- Kolorbidahdah
- Interactive map of Kolorbidahdah
- Coordinates: 12°33′33.40″S 134°14′14.28″E﻿ / ﻿12.5592778°S 134.2373000°E
- Country: Australia
- State: Northern Territory
- Region: Arnhem Land
- LGA: West Arnhem Regional Council;
- Location: 491 km (305 mi) from Darwin; 81.3 km (50.5 mi) from Maningrida;

Government
- • Territory electorate: Arafura;
- • Federal division: Lingiari;
- Time zone: UTC+9:30 (ACST)

= Kolorbidahdah =

Kolorbidahdah is a remote Aboriginal community located in West Arnhem Land, in the Northern Territory of Australia. It lies approximately 81 kilometres from Maningrida and around 8 hours' drive from Darwin. It is part of the local government area of West Arnhem Regional Council and is within the Djelk Indigenous Protected Area.

== Culture ==

=== Bininj identity ===
Kolorbidahdah is part of the cultural region of the Bininj people of western Arnhem Land. The term Bininj, from the Bininj Kunwok languages, broadly means “Aboriginal person” or “man” in contrast to non-Aboriginal people who are often referred to as "Balanda". Bininj groups are often identified through the languages and dialects they speak including Kuninjku, Kune, Kundjeyhmi and others.

=== Languages ===
Language remains central to everyday life in Kolorbidahdah and many residents are multilingual. The primary language spoken is Kune. Other regional languages such as Dalabon, Rembarrnga and Kuninjku are also spoken.

== Aliases ==
Kolorbidahdah is the most common spelling for the community. Other recorded spellings include Kolobidadah, Korlorbidahdah, Korrlorbirrahda, Korlobirrahda, Korlobidahdah and Kolobidada.

== Notable people ==

=== Musicians ===

- Wildfire Manwurrk is a National Indigenous Music Awards-winning Indigenous rock band from Kolorbidahdah to play in their traditional languages of Kune, Rembarrnga and Dalabon.
- Tara Rostron is a singer, songwriter and bass guitarist for Ripple Effect Band, an all-women group based in Maningrida.

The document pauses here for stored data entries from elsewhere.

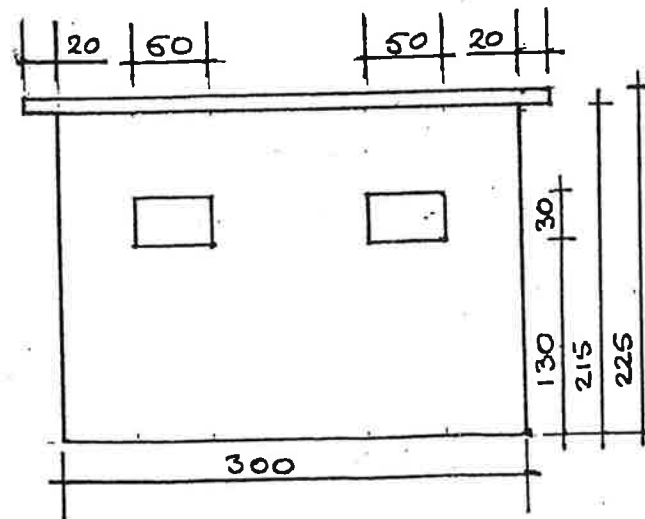

VOORAANZICHT

ACHTERAANZICHT

LINKERZIJAANZICHT

PLATTEGROND

RECHTERZIJAANZICHT

SITUATIE SCHAAL 1 : 200

OPMERKINGEN		MATERIAAL		TUINGROEP	TUINNR.	BOND v. VOLKSTUINDERS	
		WANDEN ENZ.	KAP			GOEDGEKEURD	DATUM
				BOUWCOMM.	DATUM	1	
NAAM				1		2	
SCHAAL	1 : 50			2	3	3	
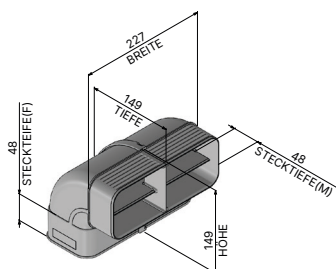

Allgemeines

Artikelnummer	950 000 0372
Produktname	ZUB UMDROB
Produktlinie	Zubehör
Art	Umluftset

Flachkanalrohr Bogen senkrecht 90° (x2)

Artikelnummer	950 000 0146
Maße (B×H×T)	304 × 97 × 304 mm

Flexschlauch

Artikelnummer	950 000 0235
Maße (B×H×T)	242 × 599 × 104 mm

Flachkanalrohr

Artikelnummer	950 000 0158
Maße (B×H×T)	222 × 500 × 89 mm
Durchmesser (Ø)	152 mm

Verbinder Flachkanalrohr

Artikelnummer	950 000 0154
Maße (B×H×T)	228 × 74 × 95 mm

Aktivkohlebox inkl. Kohlefiltermatte

Artikelnummer	950 000 0300
Maße (B×H×T)	400 × 95,5 × 180 mm
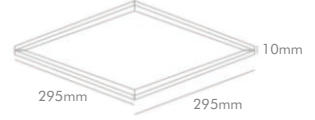

# 2017/1

Fiyat Listesi

**30x30 SLİM LED PANEL**

Ürün Kodu	Gövde Rengi	Işık Rengi	Watt / Led	Lümen	Ambalaj Adedi	Fiyatı
100318	Gri	3000K	18 W SMD LED	1200	28	25,00 \$
100418	Gri	4000K	18 W SMD LED	1200	28	25,00 \$
100618	Gri	6500K	18 W SMD LED	1200	28	25,00 \$

**60x60 SLİM LED PANEL**

Ürün Kodu	Gövde Rengi	Işık Rengi	Watt / Led	Lümen	Ambalaj Adedi	Fiyatı
100340	Gri-Beyaz	3000K	40 W SMD LED	2900	7	50,00 \$
100440	Gri-Beyaz	4000K	40 W SMD LED	2900	7	50,00 \$
100640	Gri-Beyaz	6500K	40 W SMD LED	2900	7	50,00 \$
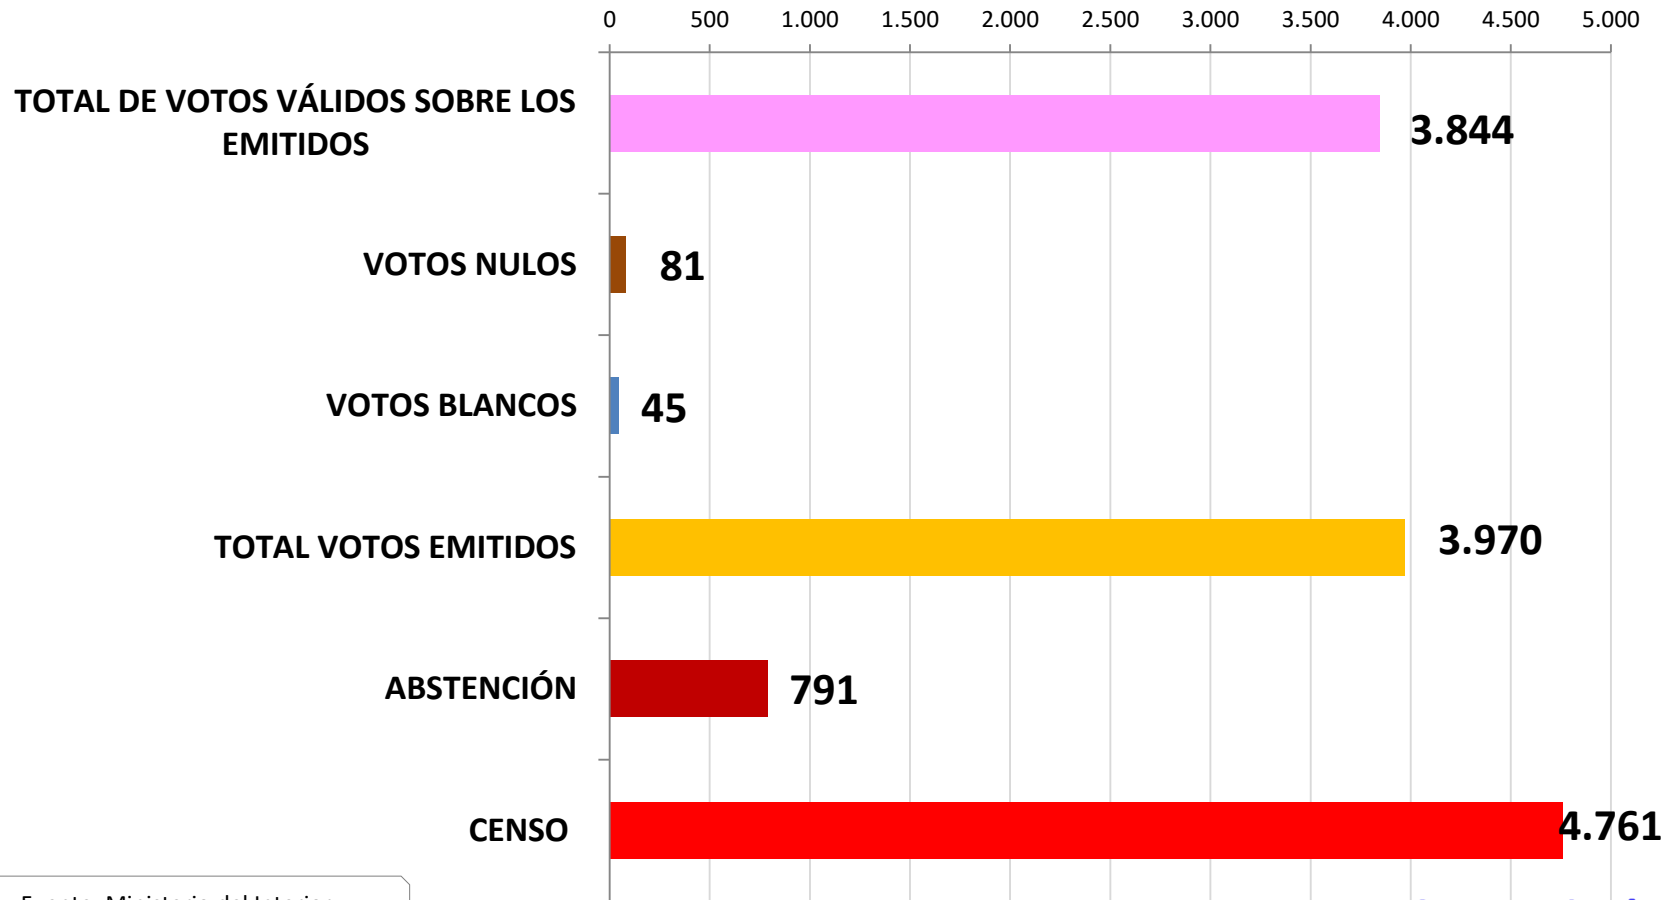

20	ELECCIONES 2011		
	13 CONCEJALES		
	VOTOS OBTENIDOS POR PARTIDOS	% SOBRE VOTOS VÁLIDOS	NÚMERO DE CONCEJALES
PSOE	1.039	27,03%	4
ALTERNATIVA CIUDADANA SI SE PUEDE	141	3,67%	
ALIANZA POPULAR - PARTIDO POPULAR	2.030	52,81%	7
ALTERNATIVA CIUDADANA POR AGAETE - ALPA	634	16,49%	2
TOTAL DE VOTOS VÁLIDOS SOBRE LOS EMITIDOS	3.844	96,83%	
VOTOS NULOS	81	2,04%	
VOTOS BLANCOS	45	1,13%	
TOTAL VOTOS EMITIDOS	3.970	83,39%	
ABSTENCIÓN	791	16,61%	
CENSO	4.761		

Fuente: Ministerio del Interior

**ELECCIONES MUNICIPALES
2011
VOTOS A PARTIDOS POLÍTICOS**

Agaetespacioweb

Fuente: Ministerio del Interior

**ELECCIONES MUNICIPALES
2011
COCEJALES POR PARTIDOS POLÍTICOS**

Agaetespañoweb

ELECCIONES MUNICIPALES 2011 - CENSO Y VOTOS

Fuente: Ministerio del Interior

Agaetespacloweb

ELECCIONES MUNICIPALES 2011 - CENSO Y VOTOS - EN PORCENTAJES

Fuente: Ministerio del Interior

Agaaespacioweb

The band sings in several languages of Maningrida including Ndjébbana, Kune, Burarra, Kuninjku and Na-kara languages.

=== Models ===

- Cindy Rostron is a model, social media influencer and Djelk ranger who won the Cecilia Cubillo Young Achiever Award at the National Indigenous Fashion Awards. She has appeared on the front page of several modelling publications including Vogue magazine.

=== Artists ===

- Kune, Dalabon and Rembarrnga woman Jay Jurrupula Rostron is a renowned artist, printmaker and painter. She won the Textile Design award at the 2024 National Indigenous Fashion Awards.